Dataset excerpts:
----
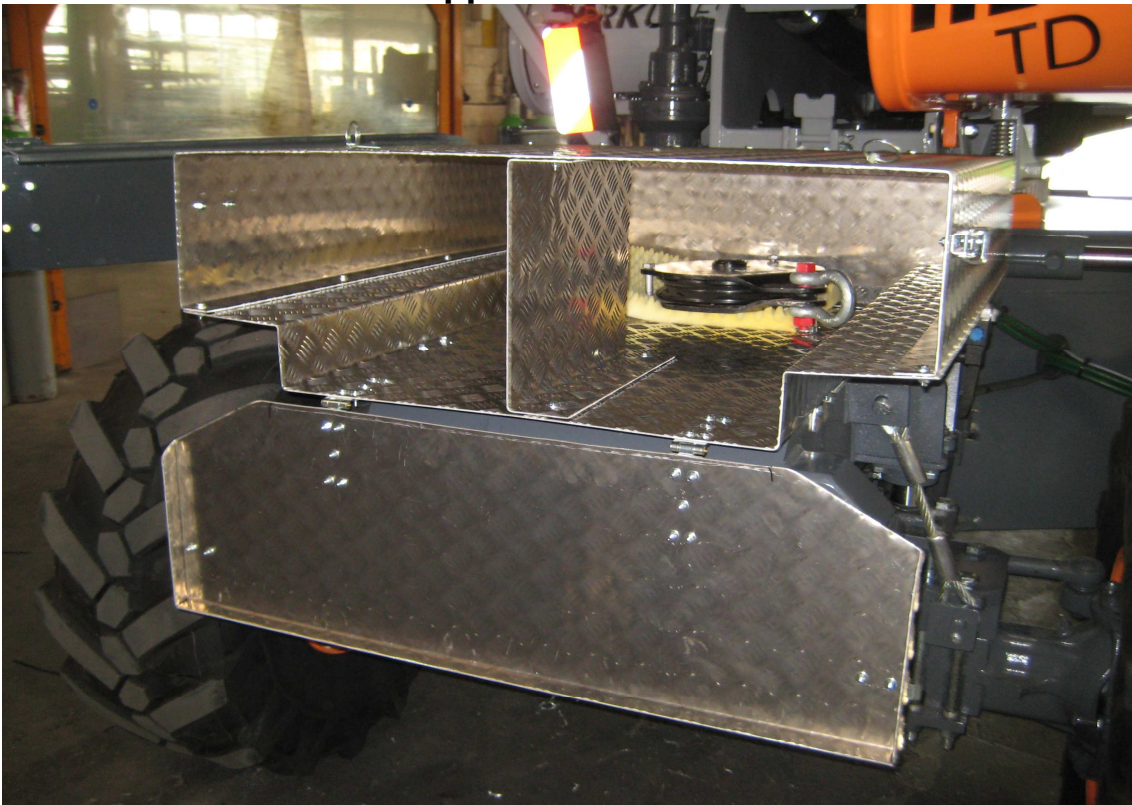

# Grosse Materialbox

Holzunterlagen Kranequipment sicher  
und trocken transportieren  
Nachrüstbar für alle **HERKULES**-Typen

**Materialbox aus Aluminium Riffelblech gekantet und geschraubt  
Tiefe 1100mm Höhe 320mm Breite 990mm**

**Deckel: klapp- und abschliessbar**

**Jakob-Fahrzeugbau AG CH-8586 Engishofen [www.jakobfahrzeugbau.ch](http://www.jakobfahrzeugbau.ch)**
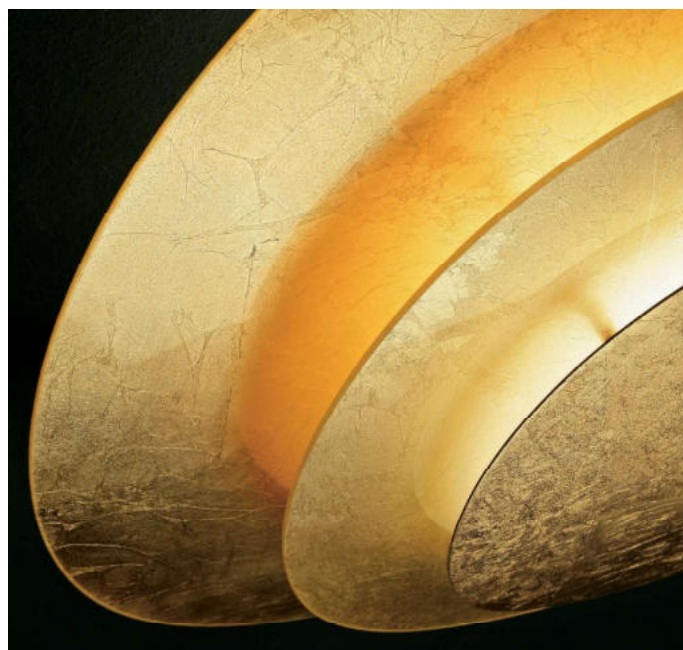

**Plana**, 1x E27 LED 12W

1x Metallscheibe (unten), 1x Glas (oben)

**Plana**, 1x E27 LED 12W

1x Metallscheibe (unten), 2x Glas (Mitte und oben)

A-G

Bestell-Nr.	Farbauswahl angeben	Euro
38771/45-	<b>W</b>	781,10
38771/45-	<b>BG</b>	882,40
----
Only the lines from the one with "1x Metallscheibe (unten), 2x" through the end of the records above are to be copied, exactly as written.

> Expected output
1x Metallscheibe (unten), 2x Glas (Mitte und oben)

A-G

Bestell-Nr.	Farbauswahl angeben	Euro
38771/45-	<b>W</b>	781,10
38771/45-	<b>BG</b>	882,40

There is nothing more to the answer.